Мама выхватывает фотографии у Рольфа из рук:
– Давай лучше я Белле покажу. Рольф, может, ты пока нальешь нам сангрии, пер фаворе?
Рольф исчезает в кухне. Мы с мамой сидим на диване от Йозефа Франка в их вилле типовой застройки. Она, как всегда, даже и не думала пользоваться какими-нибудь солнцезащитными средствами на Тенерифе. Загорелая кожа лоснится, лицо обгорело. Она считает, что если мазаться кремом от солнца, то за две недели не успеешь загореть. А какой смысл возвращаться домой после отпуска, если по тебе не видно, что ты побывала за границей? Мама показывает фотографию, на которой она запечатлена рядом с испанцем и ослом. На осле яркая шляпа с прорезями для ушей.
– Это милейший Педро, наш гид. А это… как же его звали? Рольф, как звали осла? – кричит мама в сторону кухни. – Как звали осла Педро? Донго? Донко?
Она листает дальше. Рольф на поле для игры в гольф с клюшками для гольфа, Рольф в клетчатых плавках, Рольф с чемоданами в аэропорту – она быстро перебирает фотографии одну за другой, но тут лицо ее расцветает.

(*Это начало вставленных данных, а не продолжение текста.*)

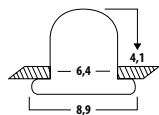

M2 15 Art.Nr.

4434811 weiß matt
4434846 nickel matt
dimmbar, IP44, inkl. LM

€ 49,20
€ 49,20

LED

1,8W LED 800lm
Abstrahlwinkel 38°

– А это наш бассейн. Как же там было здорово! Нас обслуживала одна милая испанка, Марибель, так она приносила коктейли прямо к краю бассейна, а еще там были великолепные тапас – я уж не говорю про апельсины, просто фантастика, теперь я знаю, какими должны быть настоящие апельсины! А на берегу стоял Фелипе и готовил паэлью на открытом огне. Давил помидоры руками и бросал на огромную сковороду прямо на берегу, да вот же он!
Радостный старик-испанец с длинными усами в переднике позирует с осьминогом в руках. Он окружен туристами. Перед ним стоит жаровня с медной сковородой гигантского размера.
– Это было просто чудесно, вам со Стаффаном непременно нужно туда съездить!
– Мама, мы со Стаффаном уже два года как расстались, у нас с ним…
– Ах да, чуть не забыла, мы же тебе купили…
Мама исчезает в кухне и возвращается с огромным свертком в руках.
– С Рождеством, доченька!
Вслед за ней из кухни выходит Рольф с подносом, на котором стоит графин сангрии и пара мисочек. Я разворачиваю подарок. В свертке оказывается огромный вяленый окорок, прикрученный к какой-то зверской деревянной конструкции. Целая нога. Свиная ляжка с маленьким острым копытцем на конце. Пата негра, вяленая ветчина. Чтобы все это съесть, мне понадобится полгода, не меньше. И то, если я буду подкрепляться ею каждые полтора часа, раздаривать друзьям и угощать случайных попутчиков метро. Помимо окорока в свертке лежит длинный преострый нож с черной рукояткой.
– Спасибо большое. Вот здорово! А у меня вам ничего нет.
– Ничего, мы же договорились, что обойдемся без подарков. Нам просто захотелось привезти тебе что-нибудь с Тенерифе. Ну и тяжело же было его тащить! Он, между прочим, больше четырех килограммов весит. Переть такую тушу с Тенерифе! Тебе нравится?
– Да, спасибо огромное. И ножик, кажется, отличный.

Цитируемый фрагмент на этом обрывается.